Earlier, the MCC isotope-chemical plant built the world's most modern start-up complex of the Pilot Demonstration Center (ODC) for radiochemical processing of SNF from nuclear power plant reactors, which will use the latest, environmentally friendly technologies of the so-called generation 3+. The start-up complex will make it possible to work out technological regimes for SNF reprocessing on a semi-industrial scale. In the future, on the basis of the ODC, it is planned to create a large-scale RT-2 plant for the regeneration of spent nuclear fuel.

A feature of the technologies that will be used at the ODC will be complete absence liquid low-level radioactive waste. Thus, Russian specialists will have a unique opportunity for the first time in the world to prove in practice that recycling nuclear materials possible without harming the environment. According to experts, no other country except Russia possesses these technologies now. The construction of the center was technologically the most complex project ever recent history GCC.

The first ever spent fuel assembly of the VVER-1000 reactor from the Balakovo NPP, which was stored at the plant for 23 years, was placed in one of the "hot cells" of the ODC - a box for remotely controlled work with highly radioactive substances, the corporate publication of the Russian nuclear industry newspaper reported on Monday "Country Rosatom".

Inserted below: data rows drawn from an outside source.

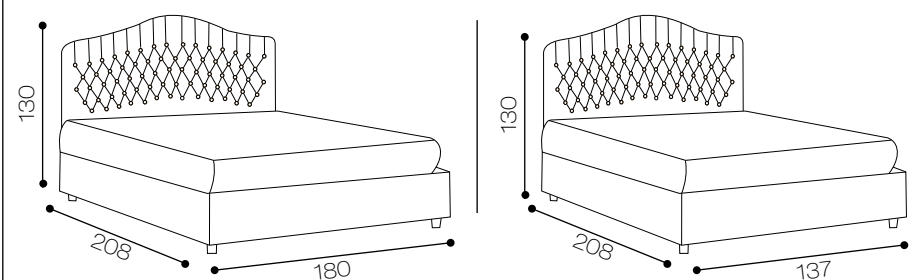

Larghezza testiera: 245 cm

Profondità: 250 cm

Piedini: standard

DISPONIBILE:

MATRIMONIALE

Miluna

il letto Miluna è dotato di ben 4 contenitori, di cui 3 sono sul giroletto.

MISURE DI INGOMBRO

Modello Miluna

Altezza testiera: 110 cm

Larghezza testiera: 245 cm

Profondità: 250 cm

Piedini: standard

DISPONIBILE:

MATRIMONIALE

collection design

Miluna

Ambra

la lavorazione del capitonnè esalta la perfetta forma semplice ed elegante.

Ambora

collection design

MISURE DI INGOMBRO

Modello Ambra

Altezza testiera: 130 cm
Larghezza testiera: 180 cm
Profondità: 208 cm
Piedini: standard

MISURE DI INGOMBRO

Modello Thiago

Altezza testiera: 120 cm
Larghezza testiera: 180 cm
Profondità: 210 cm
Piedini: standard
DISPONIBILE:
MATRIMONIALE

Luna

la caratteristica lavorazione della testata trapuntata dona un aspetto geometrico giovanile.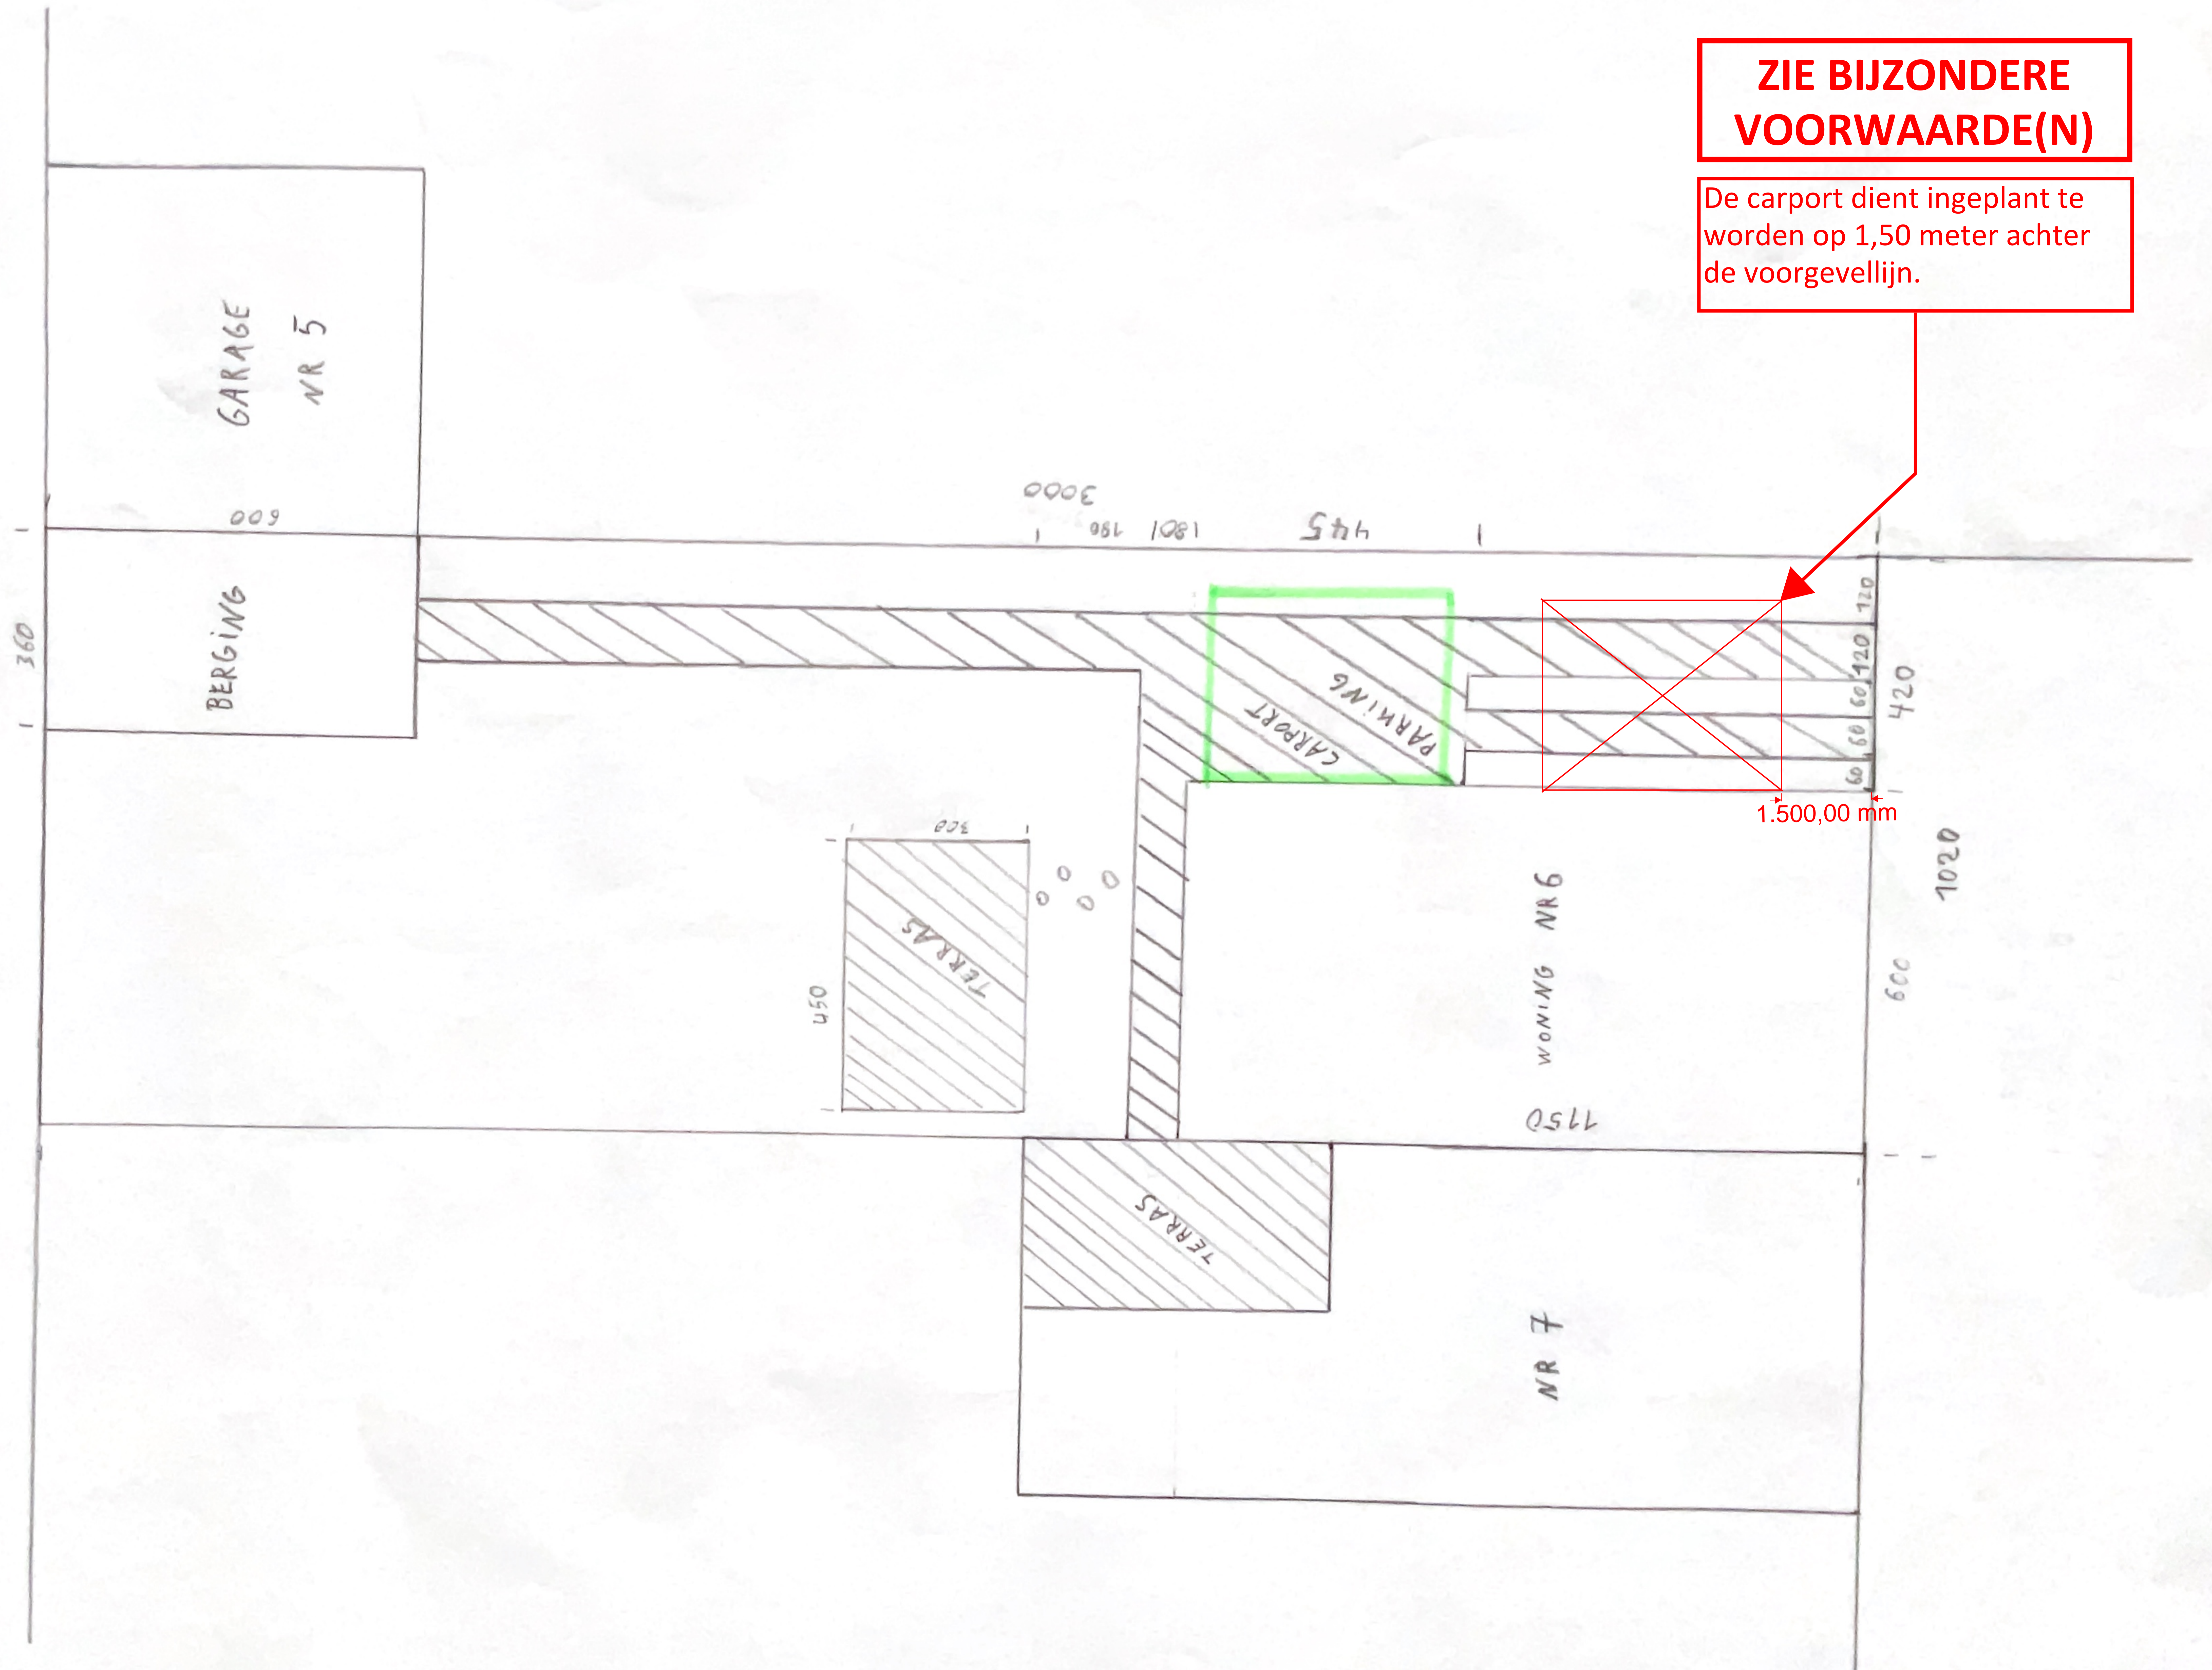

SCHAAL: 1/100

ZIE BIJZONDERE VOORWAARDE(N)

De carport dient ingeplant te worden op 1,50 meter achter de voorgevellijn.

1.500,00 mm

“We are starting to work out the modes (processing of spent nuclear fuel). Now the main thing is to qualitatively work out the technology that will be in the basic scheme of the RT-2 plant,” explained Igor Seelev, director of the isotope-chemical plant of the MCC, as quoted by the newspaper.

"Green" technologies

First, the so-called thermochemical opening and fragmentation of the spent fuel assembly is carried out. Then begins voloxidation (from the English volume oxidation, volumetric oxidation) - an operation that distinguishes generation 3+ of spent nuclear fuel processing from the previous generation. This technology makes it possible to distill radioactive tritium and iodine-129 into the gas phase and prevent the formation of liquid radioactive waste after dissolving the contents of the fuel assembly fragments.

After voloxidation, the fuel is sent for dissolution and extraction. Uranium and plutonium are separated and returned to the fuel cycle in the form of uranium and plutonium dioxide, from which it is planned to produce mixed oxide uranium-plutonium MOX fuel for fast neutron reactors and REMIX fuel for thermal neutron reactors that form the basis of modern nuclear energy.

The fission products are conditioned, vitrified and packaged in a protective container. Liquid radioactive waste does not remain.

After working out new technology SNF reprocessing will be scaled up to be used in the second, full-scale stage of the OFC, which will become the industrial basis for the closed nuclear fuel cycle (CFFC). Now the construction of the building and the second stage of the ODC is being completed. It is expected that the experimental demonstration center will start working on an industrial scale after 2020, and in 2021 the Mining and Chemical Combine expects to process tens of tons of spent fuel from VVER-1000 reactors, Strana Rosatom reported, citing CEO enterprises of Peter Gavrilov.

In the nuclear fuel cycle, it is believed that due to the expanded reproduction of nuclear "fuel", the fuel base of nuclear energy will be significantly expanded, and it will also be possible to reduce the volume of radioactive waste due to the "burning" of dangerous radionuclides. Russia, according to experts, ranks first in the world in the technologies for building fast neutron reactors, which are necessary for the implementation of the CNFC.

The Federal State Unitary Enterprise "Mining and Chemical Combine" has the status of a federal nuclear organization. MCC is the key enterprise of Rosatom in creating technological complex closed nuclear fuel cycle based on innovative technologies new generation. For the first time in the world, the Mining and Chemical Combine concentrates three high-tech processing units at once - the storage of spent nuclear fuel from nuclear power plant reactors, its processing and the production of new nuclear MOX fuel for fast neutron reactors.